## Exercise aim:
Only a number is wanted here: how many lines in the records below contain the string "Assembling".

## Data supplied:
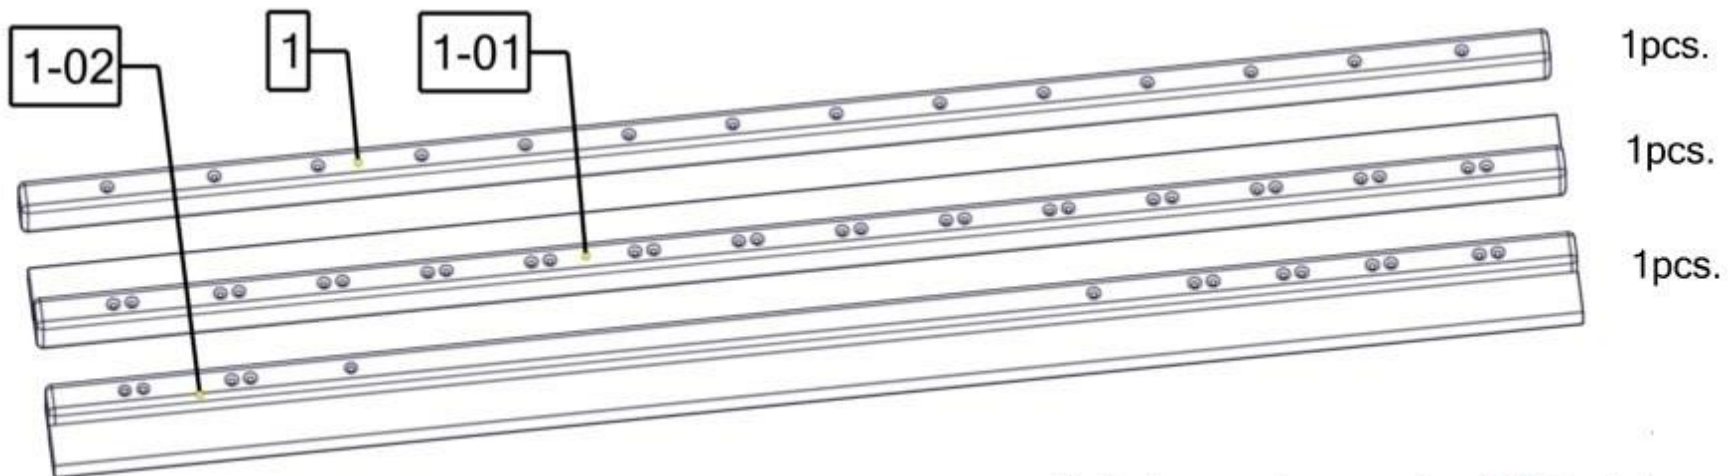

BusyWood Model 20/6-03 52x27,5 Slats

Customer Service E-mail:
support@busywood.com

Safety and Usage Information

- Watch Your Children during active play on the bed frame!
 - Meets The Safety Standards For Kids Furniture.
 - This Item Does Not Contain Any Dangerous Chemical Elements
 - Store in a dry place. Do not drop. Indoor use only.
- Our warranty does not cover replacement in the event of improper storage or use.
- Sold disassembled, assembly required. Tools included.
 - 2 years warranty.

Total wooden parts: 58 + slats set.

Assembling the base

Assembling the door

## Result of the exercise:
2